Northern Ireland flag protests signal wider problems
BELFAST, United Kingdom (AFP) – The flag protests in Northern Ireland have exposed the deep sense of alienation felt by the staunchly pro-British Loyalist community, as the benefits of the peace process seemingly pass them by.
The unrest has also shown how symbolism remains a highly contentious issue in areas of Belfast where deprivation, unemployment and educational under-achievement have become entrenched.
The capital’s City Council – hung between Catholic Irish and Protestant British parties with the cross-community Alliance holding the balance of power – voted on December 3 to fly the British flag above the City Hall only on certain designated days. Until then, it had flown all-year round.
Since the vote, loyalists – the working-class hardcore of Northern Ireland’s Protestant unionists – have taken to the streets to protest and even riot, an explosion of anger that few predicted.
On Saturday alone, 29 police officers were hurt in rioting.
At a small, daily demonstration outside the Alliance office in the loyalist heartland of east Belfast one local man, said loyalist concerns were simply not registering with politicians.

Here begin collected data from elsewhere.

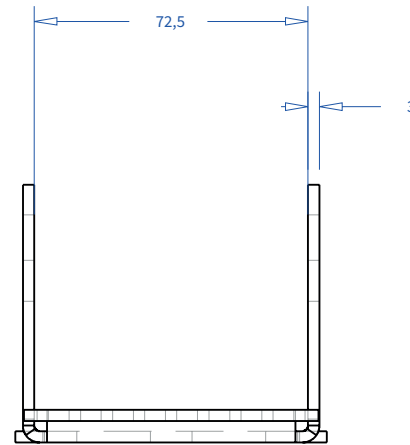

Code: RIKGSN308B

ADMIRAL
STAGING

Detail C

Product: Snake cable guide base 3 mtr - H 8 mtr black

Code: RIKGSN308B

ADMIRAL
STAGING

Product: Snake cable guide base 3 mtr - H 8 mtr black

Code: RIKGSN308B

Detail A

Detail B

Product: Snake cable guide base 3 mtr - H 8 mtr black

Code: RIKGSN308B

Detail A

Detail B

Assembly set for single tube is included in the RIKGSN308B

Product: Snake assembly set for single tube 50mm
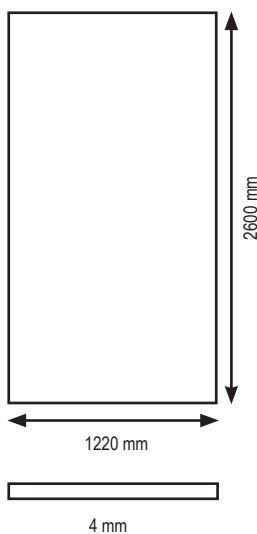

LARGE FORMAT WALL COVERING

Easy assembly

The Kobert-In is a large format wall covering, created with the aim of decorating interiors, both public and private

Easily handling

High resistance to fire, water and scratch

The decoration of the Kobert-In panel is done by digital printing with a UV finish coat allowing a great variety of designs and realism in the decors.
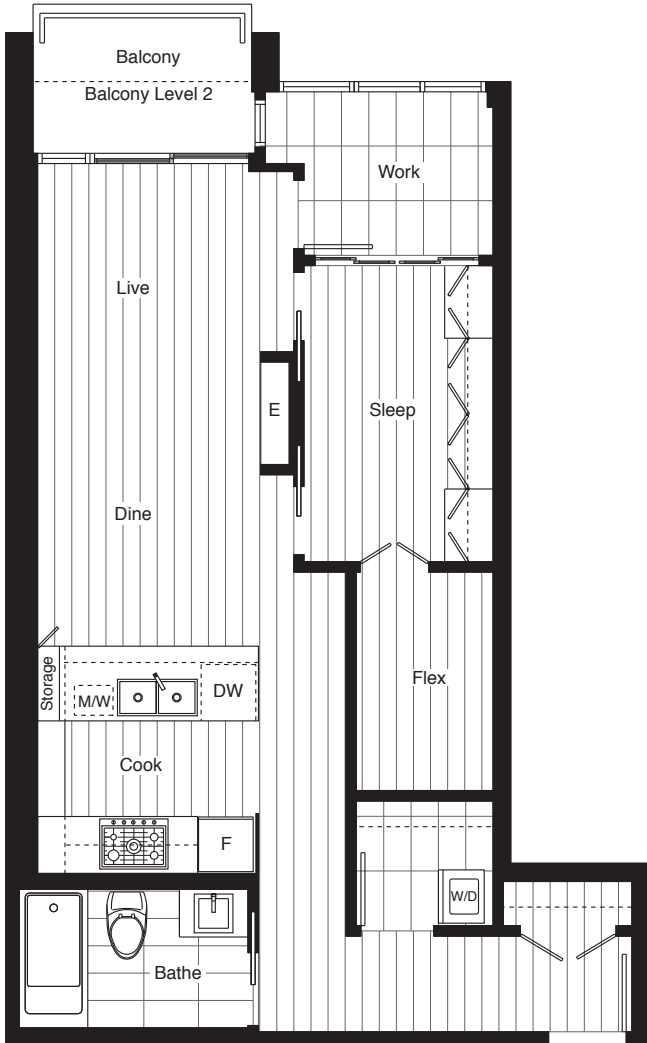

Plan J

1 Bedroom + Den

TOTAL AREA 641 sq. ft

LEVEL 6 - 15

LEVEL 5

LEVEL 3

WEST 1st AVENUE

LEVEL 2
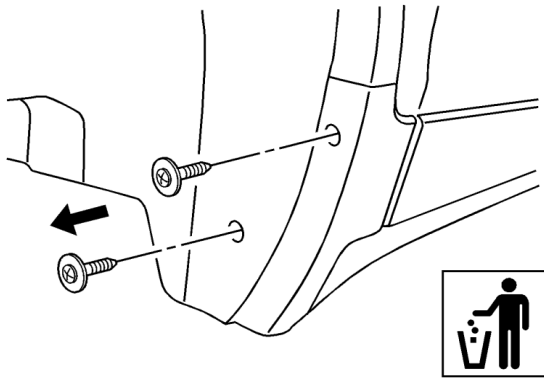

Front Fender Mud and Rear Mud Flap Package Installation

Installation Instructions Part Number

42341808

Kit Contents Front

Kit Contents Rear

Tools Required

Procedure Front

2

3

Procedure Rear

3

4

1

ø4 (4mm)

5
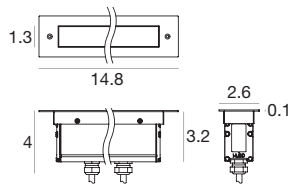

18 LEDs

Installation accessories

E98673

Outer casing

Cables On/Off

E99057	E98147	E98146
78.7 in power supply cable F 3 pin	196.9 in extension M+F 3 pin	393.7 in extension M+F 3 pin

Archiline_I Anti-glare | Linear profiles | 120-277V | powerLED | Wet location | Integral Driver | Walk over | 13.41W/ft
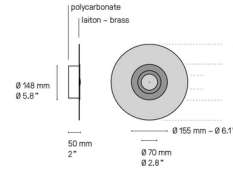

### Specifications

COLOR	N/A
BODY FINISH	Satin Brass / Satin Graphite
WATTAGE	15W
DIMMER	Low Voltage Electronic
DIMENSIONS	12.99"W x 12.99"H x 2"D
INTEGRATED LED MODULE	1 x LED/15W/120V LED
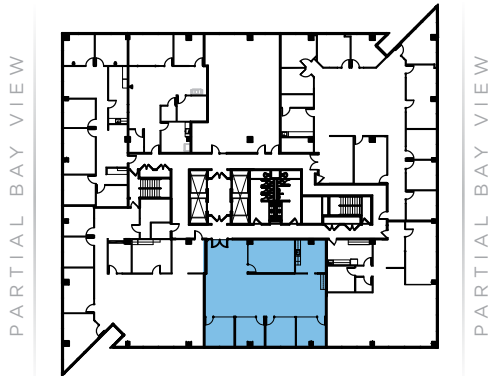

ONE BAY

NEW SPEC SUITE

Suite 480 ±2,509 RSF

- 4 Private Offices
- Conference Room
- Break Area
- Open Workplace

360° [CLICK HERE FOR VIRTUAL TOUR](#)

MONTARA MOUNTAIN VIEW

BAY VIEW

MONTARA MOUNTAIN VIEW

He wore the British flag round his shoulders as well as on the hat and scarf keeping out the January chill. He brandished a banner reading “Defend our flag”.
“That flag was up for 106 years. It’s Britain. It should be up.
“It’s not on, they just take and take,” he said of the Irish nationalists now sharing power in Northern Ireland with unionist parties.
“It’s all right having peace and all, but not at any price.”
Dominic Bryan, director of the Institute of Irish Studies at Queen’s University Belfast, said the attachment to flags and emblems is heightened in ethnic disputes.
Unionist politicians had failed to prepare their electorate for the implications that power-sharing inevitably has for symbols such as the City Hall flag, he said.
“It seems madness to the outside world, but that is what people get deeply perturbed about,” he told AFP.